Bellack joined MUSC as assistant dean for undergraduate programs in the College of Nursing in 1987 and served in that role through 1992. She also served as interim assistant dean for graduate programs in the college during that time.

Other appointments and positions during Bellack’s tenure at MUSC include director of university educational planning, associate provost for education, and her present position of special assistant to the president.

She has also served as director of nursing programs for S.C. AHEC; was appointed senior fellow, Center for the Health Professions (a health professions education and policy think tank and home of the Pew Health Professions Commission), University of California, San Francisco, and completed a six-month sabbatical-in-residence at the center.

Bellack is co-director of statewide South Carolina Colleagues in Caring Nursing Workforce Development Project, funded by Robert Wood Johnson Foundation, and served as MUSC representative to the Group on Multiprofessional Education, Association of Academic Health Centers. She was an invited member of the Advisory Committee, Center for Interdisciplinary and Community-Based Learning, Association of Academic Health Centers, and team leader, South Carolina Local Interdisciplinary Team, one of 10 national demonstration sites of the Institute for Health Care Improvement’s Interprofessional Education Collaborative.

While at MUSC, Bellack advocated the advancement of interprofessional education activities and efforts involving all MUSC colleges.

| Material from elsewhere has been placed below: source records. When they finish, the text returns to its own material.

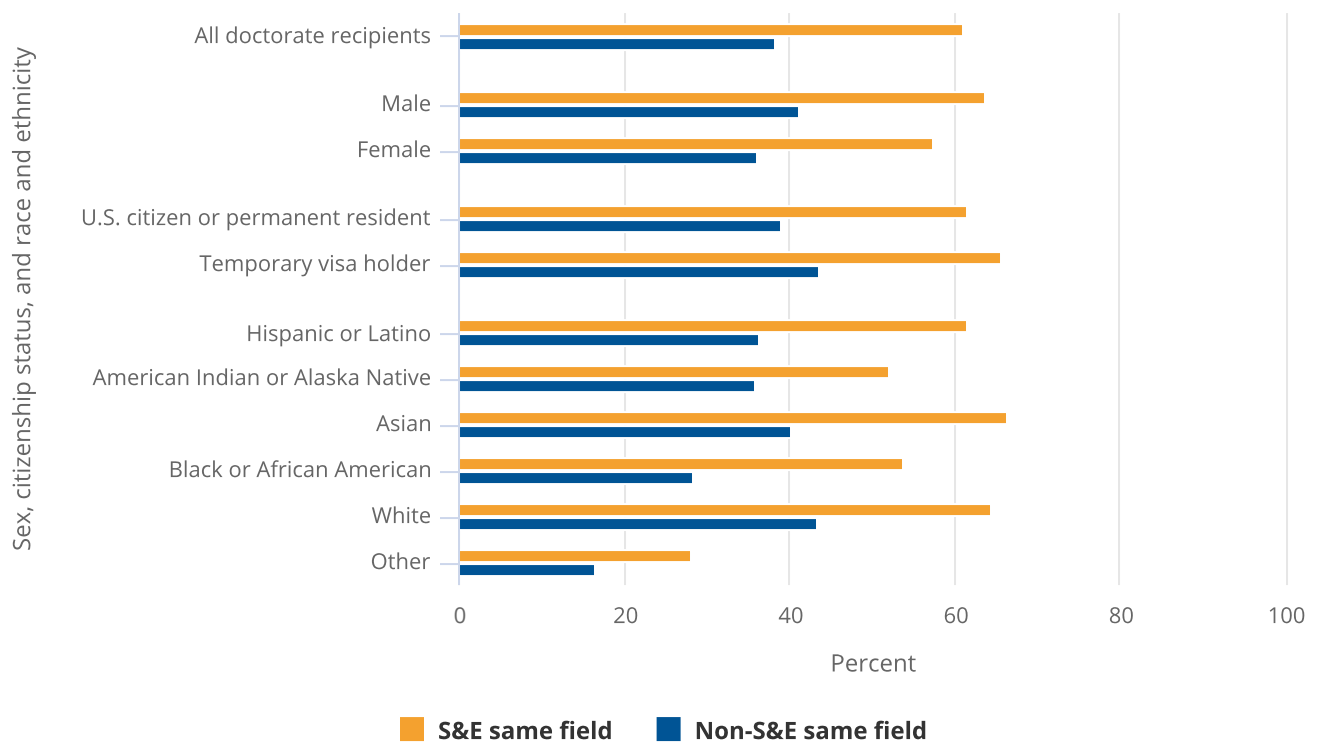

Figure 36

Doctorate recipients with bachelor's and doctoral degrees in the same field of study, by sex, citizenship status, and race and ethnicity: 2017–19

S&E = science and engineering.

Note(s):

All doctorate recipients includes respondents who did not report sex, citizenship, race, or ethnicity. Race and ethnicity categories include U.S. citizens, permanent residents, and temporary visa holders. Other race or ethnicity includes more than one race, other race or race not reported, and ethnicity not reported. A bachelor's degree is counted as in the "same field" as the doctorate if the first or most recent bachelor's degree and doctorate are in the same major field, except for engineering and education, where only the broad field needs to match. See table A-6 in the technical notes for a listing of broad fields and their constituent major fields.

Source(s):

National Center for Science and Engineering Statistics, Survey of Earned Doctorates, 2019.

She demonstrated leadership for university-wide, interdisciplinary involvement in educational planning, and new educational initiatives. Her participation in the Information Technology Innovation small grants program, Teaching Excellence Awards, educational facilities and classroom upgrades with emphasis on using technology in the classroom and community-based education are examples.

She also has provided leadership and oversight in launching MUSC’s distance education initiatives, and during her tenure at MUSC, she secured more than $3 million in extramural grant funding to support a variety of campus educational and leadership initiatives.

Founded in 1823 as a private, independent pharmacy school, MCPHS is the oldest in Boston proper, and one of only four free-standing schools of pharmacy in the country. Health science programs were added in the late 1970s. Full-time faculty members number about 150, with an additional 500 part-time, clinical and adjunct faculty.